Self-Selection sampling is when people participate in a survey by voluntarily returning a form printed in a newspaper or magazine, they make up a self-selected sample, which is one type of convenience sample. People who care enough to respond may not be representative of the whole population. For example, in a mail-in survey of 5,400 USA Today readers, an amazing 43% of the respondents in Delaware, Indiana, Kentucky, Michigan, New York, Ohio, and Pennsylvania reported symptoms that pointed to a serious risk for clinical depression. The newspaper notes, however, that "Mail-in surveys always attract the most concerned and motivated. It's not a random sample . . . ." (USA Today, July 12, 1985). Such a study cannot reliably tell us the percentage of the overall population at risk for depression.

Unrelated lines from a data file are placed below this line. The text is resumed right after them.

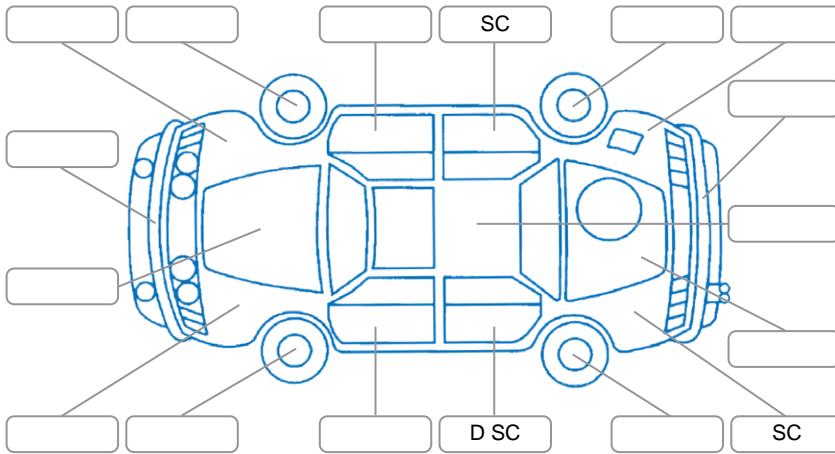

Report ID:	27,494,811	Version:	3
Created:	24 Jun 2026		

Make:	Toyota	Model:	Corolla
Body Style:	Wagon	Year:	2018
Rego No.:	LES786	Rego Expiry:	18 Aug 2026
WoF Expiry:	01 Feb 2027	Odometer:	40,761 Kms
Good No.:	27494811	VIN:	JTDZE4GE80L001087
Next Service:	55,000 Kms	Service History:	Yes

Key
 S = Scratch R = Rust C = Crack * = Decals W = Significant scuffs
 D = Dent PT = Paint defect P = Pin dent SC = Stone Chips

Note: some defects and blemishes may not be displayed in the diagram

Body Inspection Comments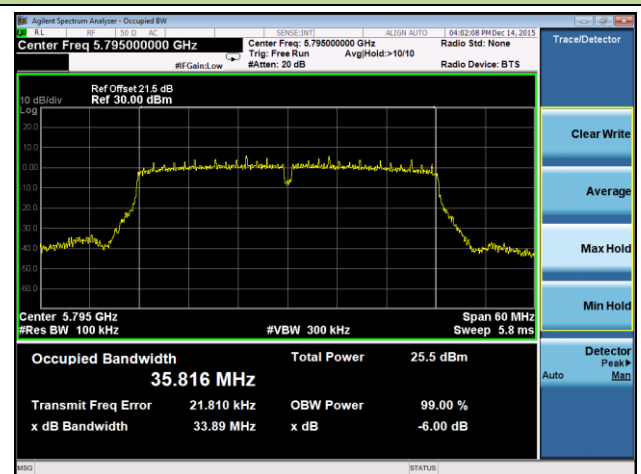

Channel 159 (5795MHz)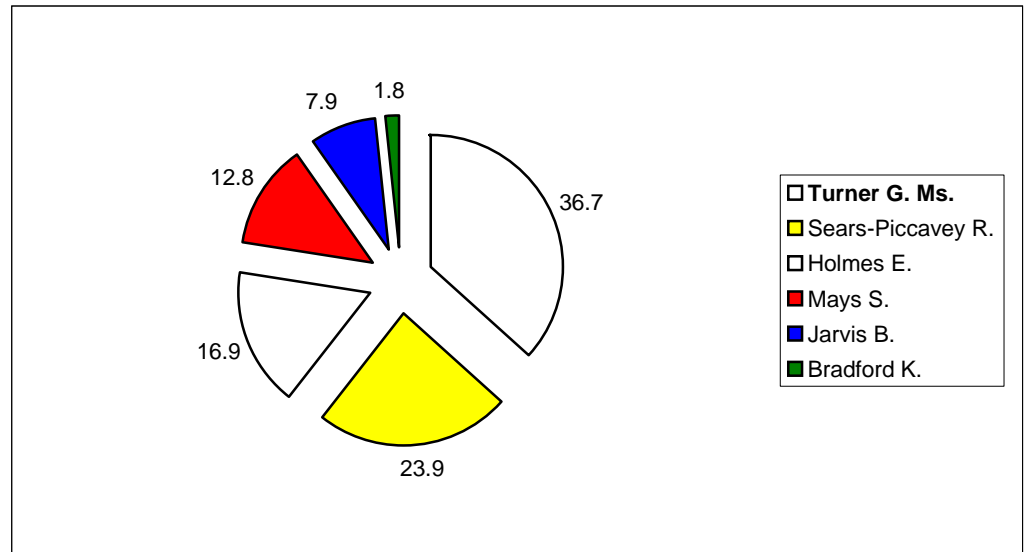

Summary

Electorate	11041
Turnout %	40.4
Seats	1

Selston

			Vote	Share %
Turner G. Ms.	Selston	Elected	1,593	36.7
Sears-Piccavey R.	LD	Not elected	1,037	23.9
Holmes E.	BNP	Not elected	734	16.9
Mays S.	Lab	Not elected	557	12.8
Jarvis B.	Con	Not elected	343	7.9
Bradford K.	Green	Not elected	79	1.8

Summary

Electorate	10006
Turnout %	43.4
Seats	1

Sutton In Ashfield Central

			Vote	Share %
Gent M. Ms.	LD	Elected	801	29.6
Llewellyn-Jones E.*	Lab	Not elected	696	25.8
Vernon C. Ms.	Con	Not elected	384	14.2
Clarke J. Ms.	BNP	Not elected	347	12.8
Matthews L.	Ind	Not elected	276	10.2
Johnson T.	Ind	Not elected	198	7.3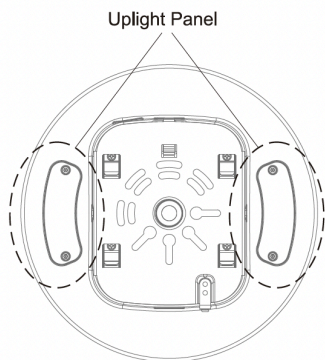

PRODUCT DIMENSIONS

DIMENSIONS	25W, 40W, 60W	80W, 100W
Product Dimension	272 x 272 x 78mm (10.7" x 10.7" x 3")	322 x 322 x 84mm (12.7" x 12.7" x 3.3")
Luminaire Net Weight	2.1kg (4.63 lbs)	2.6kg (5.73 lbs)
Export Carton Size	330 x 330 x 130mm (13" x 13" x 5.12")	375 x 375 x 140mm (14.76" x 14.76" x 5.51")
Gross Weight	2.8 kg (6.1 lbs)	3.8 kg (8.4 lbs)

Surface Mount

3/4" NPT Pendant Mount

SENSOR MOUNTING

100%
75%
50%
30%

Note: If you need to use the sensor, please adjust the fixture to 100% power output first. PIR/microwave sensor only work when 100% power output. CCT adjustable function is available when you add sensor.

1

2

UPLIGHT CONTROLS

CP03 Series Canopy Light

Parking Garage Luminaires

ACCESSORIES

SKU	Description	Image
LLTASEN-MIC04	Microwave Sensor	
LLTASEN-PIR03	PIR Sensor	
LLTASEN-RM03	Remote for PIR and Microwave Sensor	
LLTACP03-GS-60 LLTACP03-GS-100	Shield, CP03, Half Visor for 25-60W Shield, CP03, Half Visor for 80-100W	
LLTACP03-WG-60 LLTACP03-WG-100	Guard, CP03, Wire 25-60W Guard, CP03, Wire 80-100W	
LLTACP03-BRDSPK-60 LLTACP03-BRDSPK-100	Bird-Spike, CP03, 25-60W Bird-Spike, CP03, 80-100W

Judgment sampling is a common nonprobability method. The researcher selects the sample based on judgment. This is usually and extension of convenience sampling. For example, a researcher may decide to draw the entire sample from one "representative" city, even though the population includes all cities. When using this method, the researcher must be confident that the chosen sample is truly representative of the entire population.
Quota sampling is the nonprobability equivalent of stratified sampling. Like stratified sampling, the researcher first identifies the stratums and their proportions as they are represented in the population. Then convenience or judgment sampling is used to select the required number of subjects from each stratum. This differs from stratified sampling, where the stratums are filled by random sampling.